----- Information shown -----

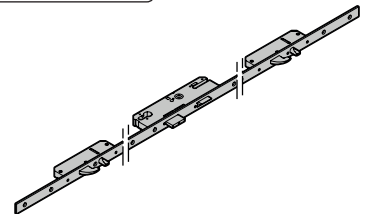

Bloc-porte de service prémonté en acier double paroi, isolé, à 1 vantail, dimensions sur-mesure

Qualité et durabilité sans compromis :

Double béquillage synthétique noire avec rosace ovale. Cylindre profilé.

Installation facile :

Huisserie tubulaire pré-percée, en option, en fonction de la mise en oeuvre choisie (dans ou derrière la baie). Goujons d'ancrage fournis.

Dimensions de tableau étendues :

Largeur tableau de 823 à 1350 mm  
Hauteur tableau de 1740 à 2568 mm

Gâche électrique

Garnitures à béquille

Garnitures à bouton fixe

Arrêtoir de porte

Verrouillage 3 points

Cylindre s'entrouvant

Paumelles invisibles

Ferme-porte

Sections coordonnées avec celles de votre porte de garage à déplacement latéral

Vous pouvez trouver l'ensemble des conditions de garantie sur nos conditions générales de vente

Photos et illustrations non contractuelles  
FPR\_BP\_Associé Harmolat\_1 vantail\_TUBFR 2265 A - 09/2022

-----

The line above containing "Huisserie tubulaire pré-percée, en", the line containing "Paumelles invisibles", and every line between them are to be transcribed exactly; no other line is wanted.

Huisserie tubulaire pré-percée, en option, en fonction de la mise en oeuvre choisie (dans ou derrière la baie). Goujons d'ancrage fournis.

Dimensions de tableau étendues :

Largeur tableau de 823 à 1350 mm  
Hauteur tableau de 1740 à 2568 mm

Gâche électrique

Garnitures à béquille

Garnitures à bouton fixe

Arrêtoir de porte

Verrouillage 3 points

Cylindre s'entrouvant

Paumelles invisibles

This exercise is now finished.